What you need to do –
The lines wanted are those in the data below that include "Breedte".
[[ Dataset records, beginning ]]
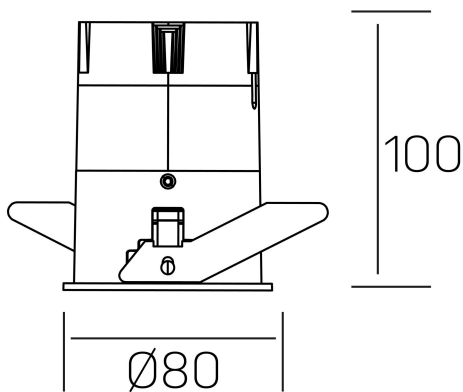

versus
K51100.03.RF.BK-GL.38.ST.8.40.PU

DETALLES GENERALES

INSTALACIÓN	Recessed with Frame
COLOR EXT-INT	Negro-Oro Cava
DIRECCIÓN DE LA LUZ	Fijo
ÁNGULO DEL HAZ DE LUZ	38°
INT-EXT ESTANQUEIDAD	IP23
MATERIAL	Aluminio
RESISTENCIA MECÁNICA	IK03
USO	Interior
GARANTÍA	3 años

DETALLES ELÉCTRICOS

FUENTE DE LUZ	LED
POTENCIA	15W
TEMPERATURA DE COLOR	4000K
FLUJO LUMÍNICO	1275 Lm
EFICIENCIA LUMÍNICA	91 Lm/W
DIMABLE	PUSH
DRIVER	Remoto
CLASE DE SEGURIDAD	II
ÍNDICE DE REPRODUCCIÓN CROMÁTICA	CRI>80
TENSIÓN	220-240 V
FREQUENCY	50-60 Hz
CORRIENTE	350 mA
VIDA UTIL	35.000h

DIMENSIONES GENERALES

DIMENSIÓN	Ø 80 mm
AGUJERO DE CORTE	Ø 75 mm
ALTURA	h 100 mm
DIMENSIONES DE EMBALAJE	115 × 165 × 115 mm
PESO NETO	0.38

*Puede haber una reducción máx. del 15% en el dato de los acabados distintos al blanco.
[[ Dataset records, end ]]
[[ Dataset records, beginning ]]
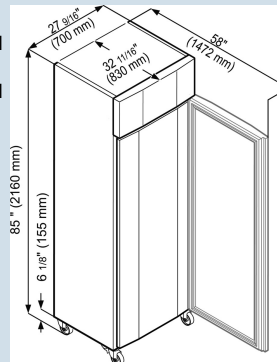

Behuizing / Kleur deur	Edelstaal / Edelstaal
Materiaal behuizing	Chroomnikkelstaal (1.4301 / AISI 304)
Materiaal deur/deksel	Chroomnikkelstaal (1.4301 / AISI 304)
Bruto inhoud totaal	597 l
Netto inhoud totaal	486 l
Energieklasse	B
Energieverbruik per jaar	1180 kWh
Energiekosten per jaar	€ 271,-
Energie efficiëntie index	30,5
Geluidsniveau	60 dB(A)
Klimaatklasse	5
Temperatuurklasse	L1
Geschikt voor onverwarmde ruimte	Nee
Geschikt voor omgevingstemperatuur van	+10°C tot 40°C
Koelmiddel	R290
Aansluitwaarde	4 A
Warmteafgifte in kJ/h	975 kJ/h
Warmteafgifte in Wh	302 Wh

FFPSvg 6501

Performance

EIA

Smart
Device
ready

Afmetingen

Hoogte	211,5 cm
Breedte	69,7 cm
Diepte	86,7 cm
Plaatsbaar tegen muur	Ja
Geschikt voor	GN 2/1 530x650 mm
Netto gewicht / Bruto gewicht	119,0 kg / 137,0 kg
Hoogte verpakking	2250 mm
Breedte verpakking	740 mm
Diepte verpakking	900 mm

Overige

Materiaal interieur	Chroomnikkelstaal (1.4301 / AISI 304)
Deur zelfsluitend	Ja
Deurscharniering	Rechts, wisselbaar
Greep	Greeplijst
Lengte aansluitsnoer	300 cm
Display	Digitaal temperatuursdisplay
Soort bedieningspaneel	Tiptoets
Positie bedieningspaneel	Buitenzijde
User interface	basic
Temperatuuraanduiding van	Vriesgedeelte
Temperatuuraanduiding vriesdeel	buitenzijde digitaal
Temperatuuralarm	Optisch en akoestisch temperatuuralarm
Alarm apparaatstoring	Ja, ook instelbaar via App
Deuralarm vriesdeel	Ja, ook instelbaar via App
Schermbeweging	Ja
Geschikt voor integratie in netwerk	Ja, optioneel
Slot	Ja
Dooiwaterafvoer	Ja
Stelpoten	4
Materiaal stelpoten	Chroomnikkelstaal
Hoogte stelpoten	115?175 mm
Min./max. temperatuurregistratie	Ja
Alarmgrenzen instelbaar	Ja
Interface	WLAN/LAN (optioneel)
[[ Dataset records, end ]]
[[ Dataset records, beginning ]]
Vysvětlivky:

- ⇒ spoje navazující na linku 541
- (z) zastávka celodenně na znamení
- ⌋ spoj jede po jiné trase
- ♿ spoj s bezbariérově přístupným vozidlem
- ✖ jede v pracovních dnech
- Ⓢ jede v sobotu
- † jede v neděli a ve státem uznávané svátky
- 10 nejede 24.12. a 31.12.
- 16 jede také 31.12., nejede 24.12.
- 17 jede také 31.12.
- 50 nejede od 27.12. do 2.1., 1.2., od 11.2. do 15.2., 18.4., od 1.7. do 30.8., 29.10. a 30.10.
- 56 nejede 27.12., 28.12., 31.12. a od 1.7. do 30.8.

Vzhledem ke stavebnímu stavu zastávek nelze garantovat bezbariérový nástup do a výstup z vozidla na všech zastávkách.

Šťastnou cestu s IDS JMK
[[ Dataset records, end ]]
Expected answer –
Breedte	69,7 cm
Breedte verpakking	740 mm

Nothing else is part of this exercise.